Точный источник этих вариантов, конечно, не ясен, однако сравнение с текстом других пьес показывает, что тип вариативности в идентификации персонажа (как в ремарках, предшествующих репликам, так и в сценических указаниях), о котором я буду говорить при анализе «Отелло», встречается на удивление редко. Хотя эти варианты вполне могут быть не авторского происхождения, скорее всего, они появились в процессе плодотворного сотрудничества между писателем и труппой в процессе репетиций и спектаклей.
Так, например, имеет значение, как во второй сцене первого акта появляются Брабанцио и Родриго, ищущие Отелло: в сопровождении «других с факелами и оружием», как сказано в кварто, или «офицеров и факельщиков», как сказано в фолио. В кварто они приходят с домочадцами Брабанцио, разбуженными Яго в первой сцене, — со «всей родней», которую поднимает Брабанцио (I, 1, 169)8, и с теми караулами, которые он «властью облечен / Снимать, где пожелаю» (I, 1, 182—183). Сцена переходит в уличную драку, в которой слуги, принадлежащие к соперничающим группировкам, пытаются увести Отелло в тюрьму или предотвратить похищение. В фолио у Брабанцио было время собрать по пути офицеров — «офицеров ночного караула» (I, 1, 184); таким образом, тюремное заключение Отелло — реальная угроза, а эти офицеры отличны от офицеров Кассио — посланцев от дожа. Противопоставляются два вида власти, дож и закон, что предвосхищает двоякие требования к государственности, которые будут в следующей сцене.
Чем больше мы осознаем социальный статус, тем больше, как недавно напомнил об этом Д.К. Хантер, подчеркиваются такие моменты. Первоначально, вероятно, для зрителей имело гораздо большее значение, чем для нас, то, как, например, было доставлено в сенат донесение (I, 3): матросом и гонцом или двумя гонцами; кто произносит реплику «вестовой из флота» — сам матрос (как в кварто) или один из офицеров дожа (как в фолио); кто приносит весть о прибытии корабля Яго (II, 1) — гонец или один из дворян, сопровождающих Монтано в этой сцене; или, наконец, выходит ли Отелло, чтобы остановить ночную драку на Кипре, в сопровождении свиты дворян (как указано в кварто) вроде тех, что были при Монтано (II, 1), или же в сопровождении слуг, как в фолио. В каждом отдельном случае есть небольшие, но тем не менее ощутимые отличия в зависимости от того, что это за персонаж, к какой социальной группе он относится, какие у него отношения с другими персонажами в данной сцене. Все это должно быть частью анализа персонажа.

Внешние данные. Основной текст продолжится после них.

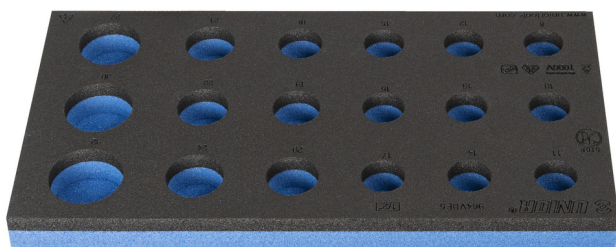

# SOS uložak za 964VDE5

VL964VDE5

## Profili

621789

L

188

B

364

H

30

Гораздо более значительным является расхождение между текстами кварто и фолио в отношении фигуры Первого сенатора в сцене сената. В фолио у него на восемь строк больше текста, что позволяет ему предложить хорошо продуманные доводы в пользу того, что турецкий флот направляется к Кипру, а не к Родосу (I, 3, 25—31), перебить гонца и показать, что факты подтверждают его мнение о стратегии турок («Я так и знал»), и продолжить расспросы гонца («Большое подкрепленье?» — I, 3, 37). Это означает, что к тому времени, когда Брабанцио и Отелло прибывают в сенат, Первый сенатор успел сказать гораздо больше, чем дож, говорил мудро и точно и участвовал в государственных делах Венецианской республики с большим достоинством и уверенностью. Именно это достойное и ответственное лицо на протяжении всей сцены явно находится на стороне Отелло, начиная с его первого приветствия: «А вот Брабанцио и храбрый мавр» (47), вплоть до его, а не дожа, обращения к Отелло с призывом защитить себя от обвинений:
Отелло, говорите ж наконец,
Действительно ль тут были ухищренья
Иль это безобидная любовь,
Как зарождается она в беседе
Души с душой?(110—114).
Даже желание Отелло немедленно отправиться выполнять государственное поручение объясняется по-разному. Диалог в кварто:
Дож.
Вам надо выезжать сегодня ночью.
Дездемона.
Сегодня ночью, мой синьор?
Дож.
Сегодня ночью.
Отелло.
Очень рад.
(I, 3, 278).
В фолио же происходит снова вмешательство Первого сенатора, а реплика Дездемоны исчезла совсем:
Первый сенатор.
Вам надо выезжать / Сегодня ночью.
Отелло.
Очень рад.
Приказ, таким образом, стал исходить не от дожа, а от сенатора, и Отелло дает немедленное согласие своему другу и покровителю в сенате, человеку, который затем обратится к нему с советом: «Прощайте, смелый мавр; берегите Дездемону» (287)9. Я не думаю, что какой-либо актер был бы очень воодушевлен перспективой сыграть роль Первого сенатора по любому из этих текстов, но возросший вес и значимость роли в фолио означают, что в тексте произошли серьезные и важные по своим последствиям изменения в отношениях между Отелло и венецианскими властями в лице сената. Изменения внесены, на мой взгляд, искусно, сознательно и последовательно; иначе выглядит отношение к Отелло, полномочия властей, то, как решаются государственные дела, и то, может ли государство справиться с проблемами, связанными с чужаком — Отелло.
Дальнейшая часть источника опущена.